Periodic Reporting for period 1 - SpikyControl (Spiking Control Systems: an algorithmic theory for control design of physical event-based systems)
Berichtszeitraum: 2023-01-01 bis 2025-06-30
The angle of attack of the proposed novel control theory is to leverage the existing theory by moving from continuous trajectories to events. Starting from the classical paradigm of the feedback amplifier, regulation theory is regarded as a theory of negative feedback, automation theory is regarded as a theory of positive feedback, and neuromorphic theory is regarded as a theory of mixed feedback. Mixing positive feedback and negative feedback results in excitability, regarded as "transient" decision making: the decision corresponds to the event, but the event nature of the decision makes it transient, enabling the return to equilibrium.
The methodology of SpikyControl is to generalize the convex optimization framework associated to negative feedback of monotone operators to a "convex-concave" optimization framework associated to mixed feedback of monotone operators. The circuit representation of biophysical neural networks is exploited to split a complex neuromorphic system into a circuit of elementary monotone operators corresponding to the memristive elements of the circuit, that is, the machine analog of ion channels and synapses in biophysical circuits. The physical model of the memristive elements is constrained to make the overal theory scalable, with the objective of designing complex machines mimicking the organization of neural circuits to solve novel engineering tasks.
A key illustration of SpikyControl is to develop novel active sensing filters for neuromorphic sensors such as event cameras, mimicking the exquisite detection and selection capabilities of animal vision.
WP1: From monotone to mixed-monotone feedback systems
The first objective of the proposal is to demonstrate that the concept of mixed-monotonicity is a fruitful foundation for a control theory of spiking.
The research has made considerable progress in that direction over the past two years. Building upon the classical methodology of splitting algorithms for zero finding of monotone operators, this work demonstrates how any neuromorphic system can be represented as an interconnection of positively and negatively monotone blocks, leading to a solution of the circuit with the splitting methods of large-scale optimization of monone networks.
WP2: An internal model principle for event-based control
The second objective of this proposal is to develop an internal model principle for event-based systems.

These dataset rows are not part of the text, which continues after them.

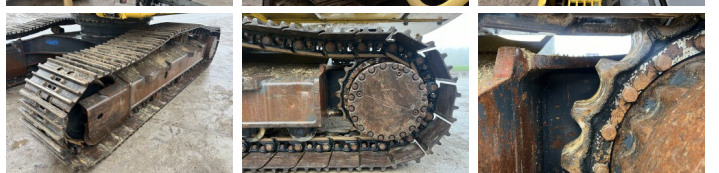

Komatsu

Komatsu PC290NLC-7K + Wimmer Jura Luna 3.100 Drill 2006

€ 69.500özel

Y?l 2003
Referans numaras? BM005484
Hours 24.793

Algemeen

Tür PC290NLC-7K + Wimmer
Jura Luna 3.100 Drill 2006
Yer Veldhoven, Netherlands
Certificaat CE
Chassis nummer K40190 + AB135
Available at Boss
Machinery! This Komatsu
PC290NLC-7K + Wimmer
Jura Luna 3.100 Drill 2006
Drill from 2003 has an
engine power of 134 kW and
counts 24793 operational
hours. The total weight of
this Komatsu PC290NLC-7K
+ Wimmer Jura Luna 3.100
Drill 2006 is 28430 kg and
the dimensions are -.
Furthermore, this
PC290NLC-7K + Wimmer
Jura Luna 3.100 Drill 2006 is
equipped with Klima, Radio,
Merkezi ya?lama. The
Komatsu Drill also has a CE
marking. Do you want more
information or do you want
to try the Komatsu
PC290NLC-7K + Wimmer
Jura Luna 3.100 Drill 2006 at
our yard? Please let us know.

Aç?klama

Maten / Gewichten

A??rl?k 28430

Motor informatie

Motor markas? Komatsu
Engine model SAA6D102E-2
Silindirler 6
Turbo
KW cinsinden kapasite 134

BOSS

MACHINERY

Banden / Rupsen
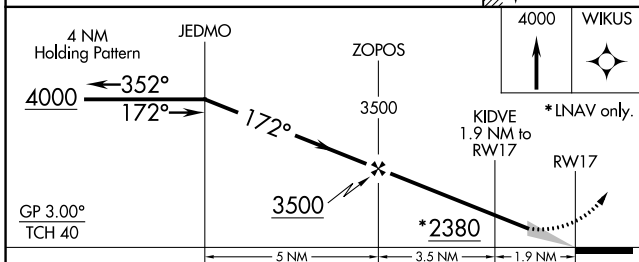

WAAS CH 53730 W17A	APP CRS 172°	Rwy Idg TDZE 1738 Apt Elev 1739
--	------------------------	---

RNAV (GPS) RWY 17

BRUCE FLD (E30)

Baro-VNAV NA.
DME/DME RNP-0.3 NA.
NA
 Use San Angelo altimeter setting, when not received use Brady altimeter setting and increase all DA 15 feet and all MDA 20 feet, and increase LPV and LNAV/VNAV all Cats visibility 1/8 mile.

MISSED APPROACH:
 Climb to 4000 direct WIKUS and hold.

SAN ANGELO APP CON ★
125.35 354.1

CTAF
122.9 0

CATEGORY	A	B	C	D
LPV DA	2089-1 1/8	351 (400-1 1/8)		NA
LNAV/VNAV DA	2089-1 1/8	351 (400-1 1/8)		NA
LNAV MDA	2160-1	422 (500-1)		NA
CIRCLING	2220-1	481 (500-1)		NA

The main achievement has been to reformulate the classical control paradigm of output regulation as the task of synchronizing the trajectories of the "plant" and the trajectories of the "controller". The internal model principle of control theory states that the control system can regulate the plant output to an external reference and reject an external disturbance only if the controller includes an exact generator of those external signals. The key idea of event regulation is to relax the regulation objective from continuous trajectories to sequences of events. We have shown that event regulation can be made reliable, that is, robust to uncertainty in the description of the external signals, in contrast to trajectory regulation. In addition, we have shown the value of synchronizing the controller and the plant via synaptic rather than diffusive coupling. Synaptic coupling concentrates the feedback regulation around the events, whereas diffusive coupling requires high-gain feedback to compensate for uncertainty in the external signals.

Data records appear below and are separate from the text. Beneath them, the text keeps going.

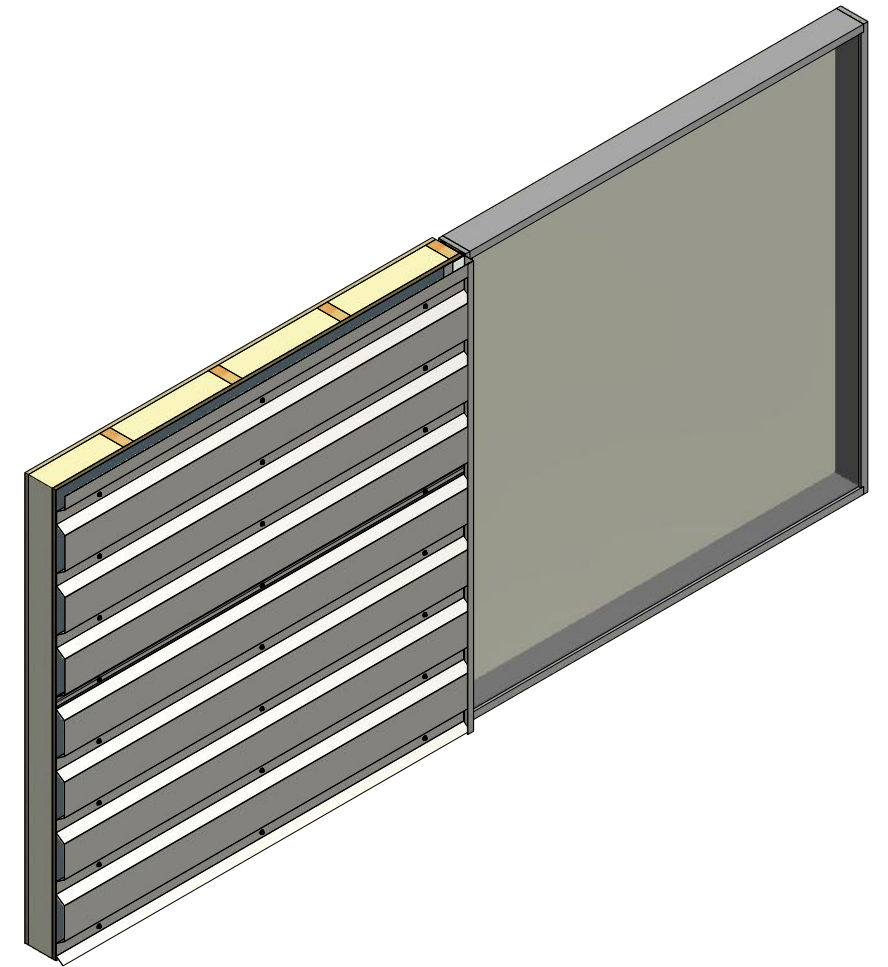

Horizontal Panel

BPA683 - Angle Trim with Return

BPA680 - Angle Trim

BPA138 - J Channel

ATAS INTERNATIONAL, INC
 Allentown PA
 610-395-8445
 Mesa AZ
 480-558-7210

TITLE		PenumWall Jamb Detail	
DWG. NO.	DR	KRK	DATE 12/22/2015
REV. NO.	DATE	DESCRIPTION OF REVISION	BY APP
01	3/18/2021	Added color side note.	KRK
			APP DAS DATE 7/16/20
			SH. SIZE B SCALE X:X

Note: * denotes color side.
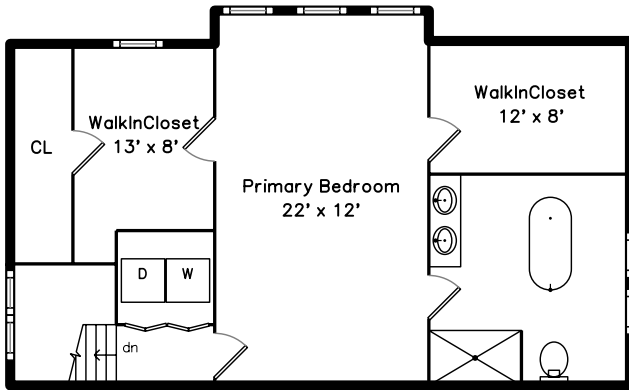

Top

Main

Upper

Lower

140 Otis Street 1
Cambridge, MA 02141

PicturePlan by vis-home

Measurements may not be 100% accurate.
Floor plans are provided for convenience only.
Room sizes are not used to calculate area.

Top

Upper

Main

Lower

Outside

Outside

Outside

Outside
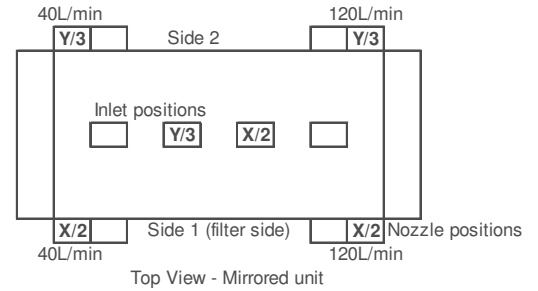

Fundament-Anschlussplan  
Foundation-Dimensions  
Horizon UHF (suction pump)

## VARIANTS OVERVIEW

Number of Grades / Inlets	Options:	Inlet positions:			
		Z/4	Y/3	X/2	W/1
1 Grade / Inlet				X	
2 Grades / Inlets			X	X	
Side 2 Configuration	Options:				
	Mirrored				
	Single Sided

WP3: Robust event-based control
The third objective of this proposal is to demonstrate and quantify the unique robustness properties of spiking control systems.
Theoretical main achievements include the formulation of stability margins for spiking control systems, that is, a concept of distance to bifurcation to a qualitatively different behavior. Practical main achievements include investigating event-based control in neurophysiological experiments of neuromodulation, as well as the development of neuromorphic control architectures for pneumatic actuators in sot robotics.
The concept of Neuromorphic control has so far received limited attention in the control community.
The publications [1] and [2] demonstrate the value of neuromorphic control on the paradigmatic example of a mechanical pendulum.
The classical way of controlling a pendulum is to "close the loop" by designing a continuous (or discretized) mapping from the angular position sensor to the applied mechanical motor torque .
In neuromorphic control, the position sensor is replaced by an event detector (e.g. a photodetector that detects when the pendulum crosses a particular angular position)
and the motor torque is a sequence of pulsatile events. The event-based control can be thought to mimick how a child pushes a swing. Neuromorphic control of a pendulum
is shown to offer new possibilites in terms of performance (energy efficiency), robustness to uncertainty, and adaptation capabilities.
Relaxation systems
Exploiting the relaxation property of circuit theory in memristive modelling seems the most important achievement of the project so far. It acknowledges a fundamental
physical property of neuromorphic circuits, namely that they only include one type of storage elements: capacitors, but no inductors. Acknowledging the same
relaxation property in the modelling of memristive elements has unlocked the bottleneck of scaling up neuromorphic control systems from single neurons
to large-scale populations.
[1] Neuromorphic Control of a Pendulum. IEEE Control Systems Letters, 2023.
[2] Regulation without calibration, IEEE Control Systems Magazine, in press, 2025.